## RECORD EXCERPTS:
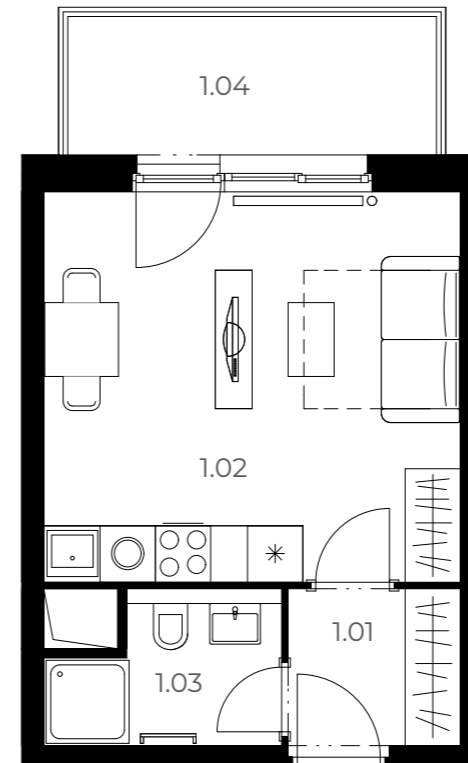

D203

1+kk 2. NP 32,64 m²

Číslo	Název pokoje	Plocha
1.01	Předsíň	3,48 m²
1.02	Obývací pokoj s kuchyní	19,12 m²
1.03	Koupelna	3,71 m²
1.04	Balkon	6,09 m²

Plocha podlah 26,55 m²

Plocha balkonu 6,09 m²

Celková plocha bytu 32,64 m²

Velmi
úsporná

B

*Názvy, popisy a plošné výtěry jsou orientační a developer si vyhrazuje právo na jednostranné změny. Zobrazené vybavení nábytkem, vestavné skříně, kuchyňská linka včetně spotřebičů nejsou součástí dodávky bytu. Toto vybavení je pouze grafickým znázorněním možného zařízení bytu.

## THE PROBLEM:
For the data above, return an exact copy that contains no pictures.

## EXPECTED ANSWER:
D203

1+kk 2. NP 32,64 m²

Číslo	Název pokoje	Plocha
1.01	Předsíň	3,48 m²
1.02	Obývací pokoj s kuchyní	19,12 m²
1.03	Koupelna	3,71 m²
1.04	Balkon	6,09 m²

Plocha podlah 26,55 m²

Plocha balkonu 6,09 m²

Celková plocha bytu 32,64 m²

Velmi
úsporná

B

*Názvy, popisy a plošné výtěry jsou orientační a developer si vyhrazuje právo na jednostranné změny. Zobrazené vybavení nábytkem, vestavné skříně, kuchyňská linka včetně spotřebičů nejsou součástí dodávky bytu. Toto vybavení je pouze grafickým znázorněním možného zařízení bytu.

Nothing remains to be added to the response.